PROMPT:
Output exactly the lines below, starting with the line that has "ความเชื่อมโยงย" and going on through the line that has "3.4 แผนผังยุทธศาสตร์ (Strategic map)", both included, and no other lines.

MATERIAL SUPPLIED:
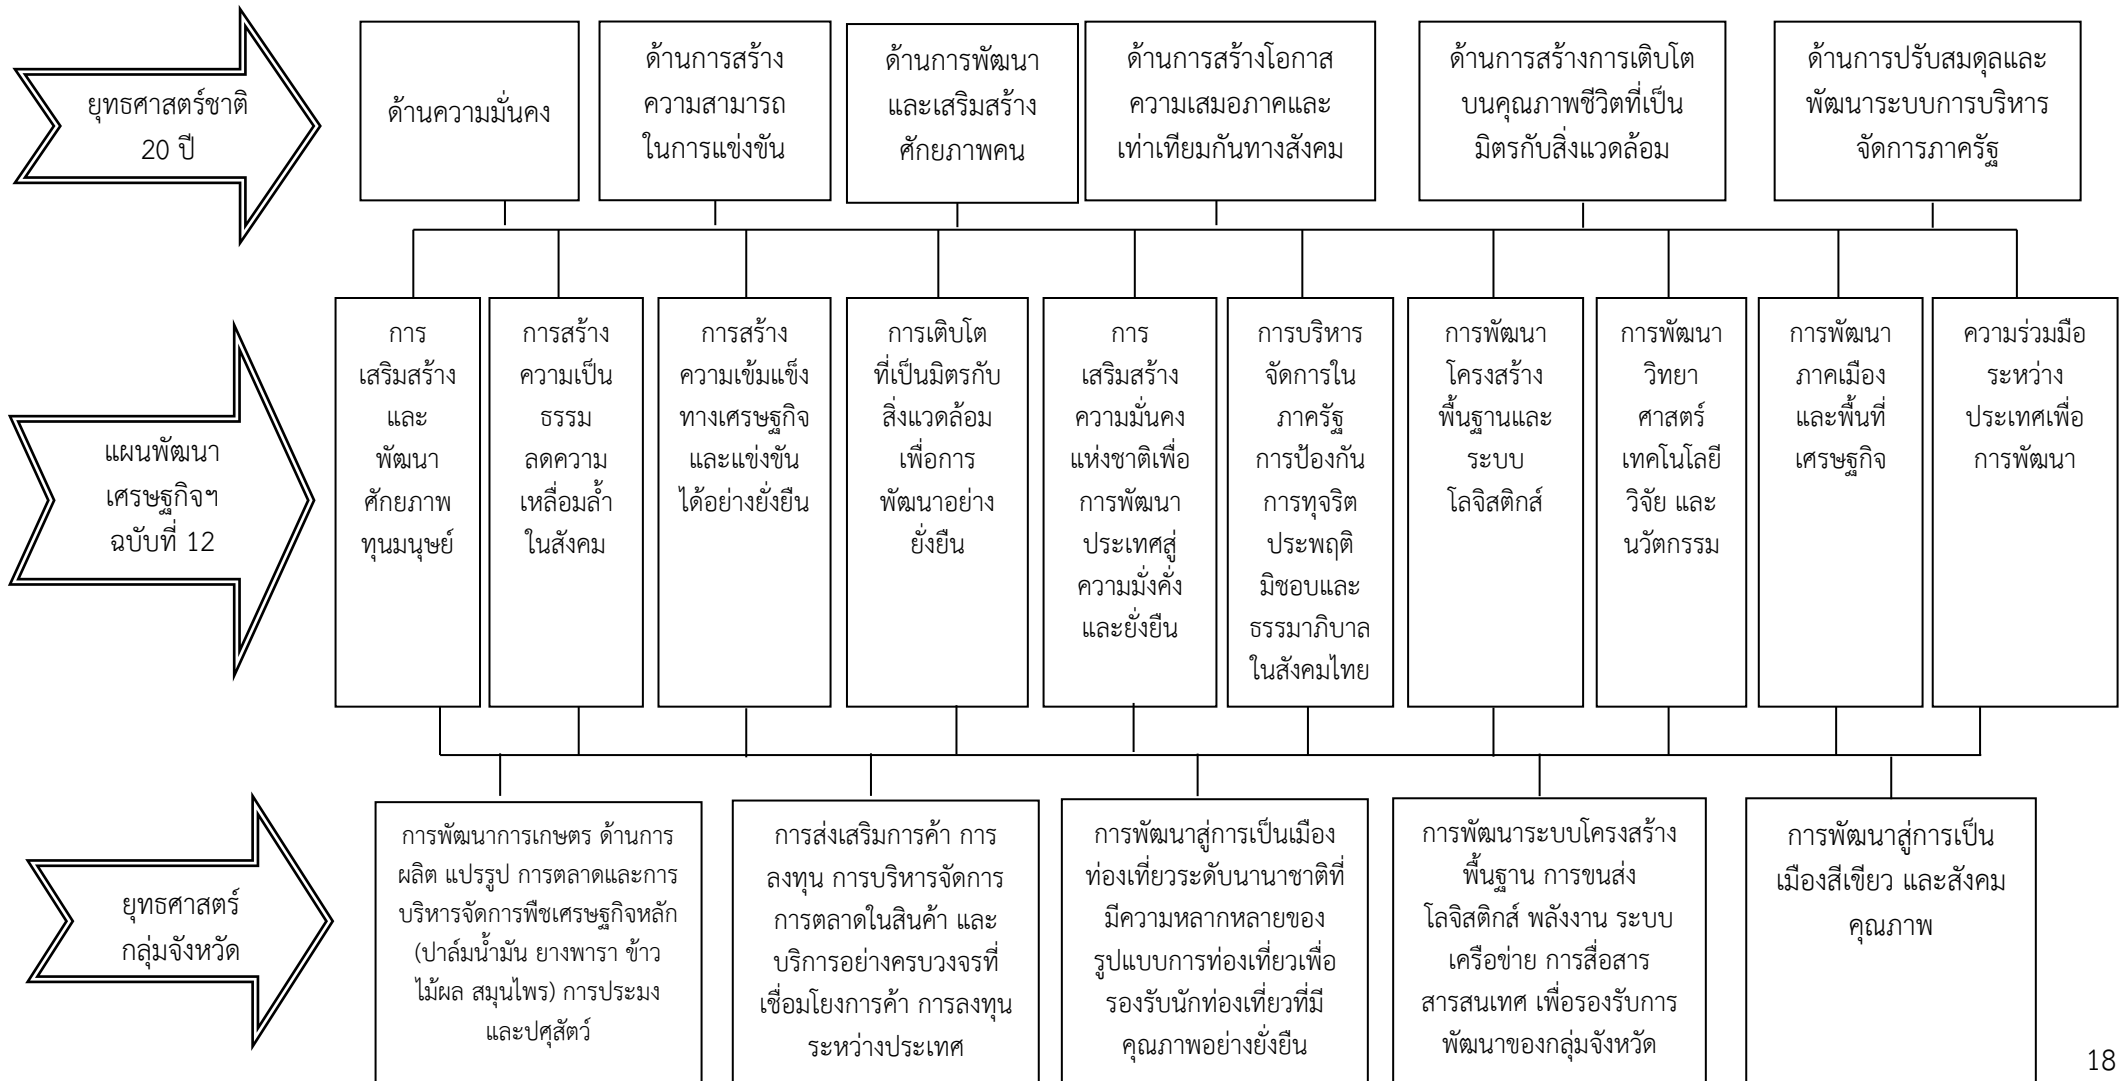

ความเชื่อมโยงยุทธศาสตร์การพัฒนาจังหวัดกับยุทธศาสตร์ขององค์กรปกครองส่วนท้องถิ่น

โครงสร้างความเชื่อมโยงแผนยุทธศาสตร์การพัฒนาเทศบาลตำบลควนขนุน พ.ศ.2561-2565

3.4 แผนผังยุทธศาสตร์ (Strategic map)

==

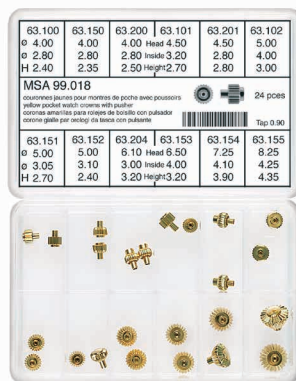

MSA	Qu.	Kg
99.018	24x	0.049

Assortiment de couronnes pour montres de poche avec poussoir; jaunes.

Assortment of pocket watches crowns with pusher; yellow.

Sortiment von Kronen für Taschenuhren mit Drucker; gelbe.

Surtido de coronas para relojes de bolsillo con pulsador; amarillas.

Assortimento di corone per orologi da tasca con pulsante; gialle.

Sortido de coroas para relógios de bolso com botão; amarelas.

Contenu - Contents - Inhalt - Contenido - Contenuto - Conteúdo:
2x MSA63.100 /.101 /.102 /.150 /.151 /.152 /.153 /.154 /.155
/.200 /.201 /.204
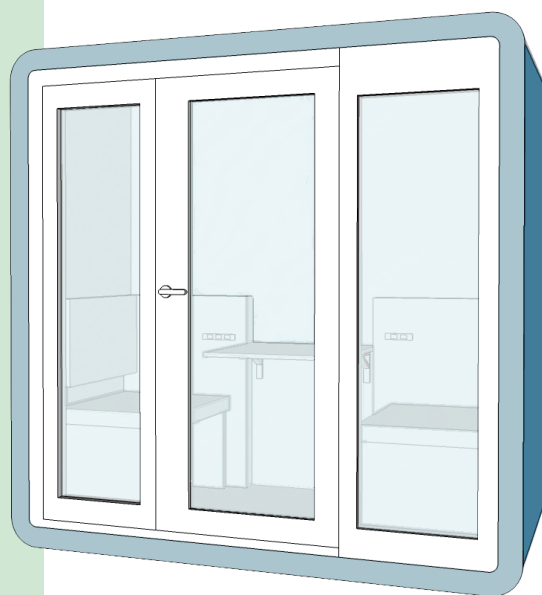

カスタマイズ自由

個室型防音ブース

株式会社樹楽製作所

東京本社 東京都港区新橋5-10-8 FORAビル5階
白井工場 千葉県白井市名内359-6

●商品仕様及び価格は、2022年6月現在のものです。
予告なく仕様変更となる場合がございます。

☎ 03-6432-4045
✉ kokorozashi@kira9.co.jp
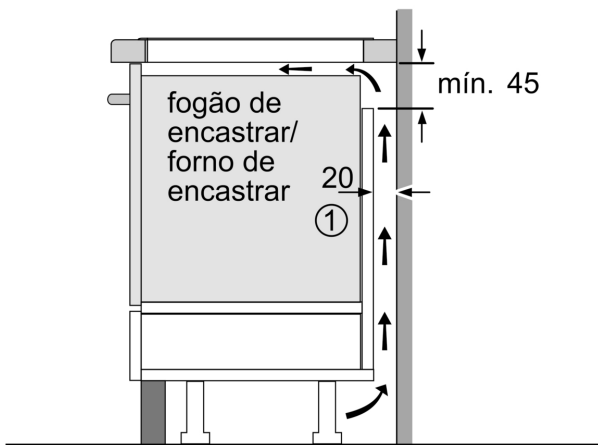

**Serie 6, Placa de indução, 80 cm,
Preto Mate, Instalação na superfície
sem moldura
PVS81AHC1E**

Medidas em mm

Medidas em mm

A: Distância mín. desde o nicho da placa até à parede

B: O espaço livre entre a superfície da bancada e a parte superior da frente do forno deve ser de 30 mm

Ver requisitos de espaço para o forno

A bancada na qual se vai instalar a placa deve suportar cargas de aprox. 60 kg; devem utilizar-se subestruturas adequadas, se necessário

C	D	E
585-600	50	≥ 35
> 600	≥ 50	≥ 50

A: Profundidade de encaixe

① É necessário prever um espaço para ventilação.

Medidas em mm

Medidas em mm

COMPLETED EXERCISE:
ความเชื่อมโยงยุทธศาสตร์การพัฒนาจังหวัดกับยุทธศาสตร์ขององค์กรปกครองส่วนท้องถิ่น

โครงสร้างความเชื่อมโยงแผนยุทธศาสตร์การพัฒนาเทศบาลตำบลควนขนุน พ.ศ.2561-2565

3.4 แผนผังยุทธศาสตร์ (Strategic map)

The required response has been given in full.